準備的龍頭吝嗇的很,涓涓細流滴滴嗒嗒,3分鐘的時間哪裡能夠?

大概是不適應,我在六大隊開的6塊肥皂,一連兩天的丟,加上給計君兩塊,給董修然一塊,只剩下一塊了。

吃好西瓜,我和元卿默默地把留下的戰場清理完畢,就跟著到樓下去衝一把了。也許是特事特辦,這一次龍頭隨便自己找,感覺像是炎炎烈日一頭扎進了清泉,舒服的很。

“都過來,給你們現場法制教育一下”,洗澡回來,響應事務犯郭青的召喚,老犯人的腦袋圍在窗前,“莫非又有洗頭房?”

“不是洗頭房,是對面的兩號監!”

果然,對面五樓的走廊窗戶裡,幾個人拖著一個人,身影一閃而過,不緊不慢一層一層飄過,不多時就出現在了一樓門口。

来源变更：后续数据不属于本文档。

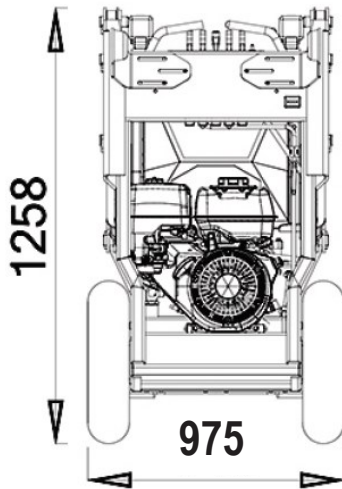

- Type of Engine: KUBOTA Z602 - E4B
- Capacity (kW/Hp): 10,9 / 14,8
- Start up: electric
- Displacement cm³/ number of cylinders: 599/2
- Revolutions per minute (rpm): 3200
- Cooling: liquid cooled
- Fuel/ fuel tank capacity(l): diesel/ 25
- Drive system: Hydraulic 4WD wheel motors
- Speed (km/h): 0-6 (proportional)
- Hydraulic drive system (l/min - bar): 25,6 - 200
- Hydraulic tank capacity (l): 25
- Standard wheels: 23x8.50-12 Skid
- Electrical system (V): 12
- Battery capacity(Ah): 45
- Braking system: Hydraulic with 4 wheel motors
- Steering: Skid Steering
- Lifting capacity (Kg): 340 (with counterweights)
- Traction force (Kg): 420 (with counterweights)
- Breakout force (Kg): 330
- Dimensions (L mm x W mm x H mm): 1525x975x1258
- Auxillary hydraulics included
- Intergrated counterweight included
- Weight (Kg): 684

* Model available also with remote control.

兩個年輕人,年齡一如我,一個穿件淺灰色T恤,一個穿件醬色襯衫,表情麻木,眉目模糊。在身邊衛士的的幫助下,他們並不掙扎地踏上了開往陰曹地府的汽車。

“是中院的車子,要被拉出去弄特了!”三帳犯董修然這個頭髮花白的老頭子,臉上依然充滿了笑容。看著景車遠去,我的心咯噔一下沉重起來,跟他們相比,我們這些穿著囚服的傢伙算幸運了,至少,還有出去的那一天,而他們,年紀那麼輕,就要跟這個世界永別了!

“死刑不死刑,說話很重要”,許是有感於斯,一起來的元卿說道,“一般有點情節的,不大會判死刑。我在一所的時候有個傢伙把他的姘頭殺了,氣不過才殺的,結果判下來是死刑,連管教都很吃驚,後來才知道,他對承辦說,‘我就是要弄死她!’”

整整一天,心情低落,是這兩個死刑犯嚴重地感染了我。晚上回來坐在監房裡,渾身沉重,一動不想動。好像中暑了,身體輕飄飄的,有些把持不住自己。肚子裡好像被擠幹了水分,好幾杯水下去,依然口渴難耐。別人已經主動坐到外面電視機後面去吹風扇了,由於沒有組長的指示,我不敢妄動,也不想,我還要把自己肚裡精心杜撰的打油詩潤色潤色。

我沒能堅持到底,因為感覺自己周身佈滿了螞蟻,爬個不停,我受不了了!

“在裡面繼續待著啊?”幹釗他自己沒叫我出來,現在卻來挖苦。“我看你面色不太好,是不是生病了?晚上戈醫生來的時候我幫你叫他一下”,元卿有些熱情。

“沒事,還能再活幾天。”

編隊安徽

今天出工,小組裡掀起一陣躁動,原來是有人要被編隊去安徽了。

“都是些安徽戶籍的傢伙,回去吧!回去減刑肯定比這裡多,早點出去!”苗師傅自己也忍不住打開了話匣子。“在這裡有什麼好?要說好處,是有,但輪不到咱們。減刑的幅度,在江海的監獄,奈河橋是最小的。刑期,是最大的。”苗師傅判11年,因為是累犯,據他自己說,要吃9年多。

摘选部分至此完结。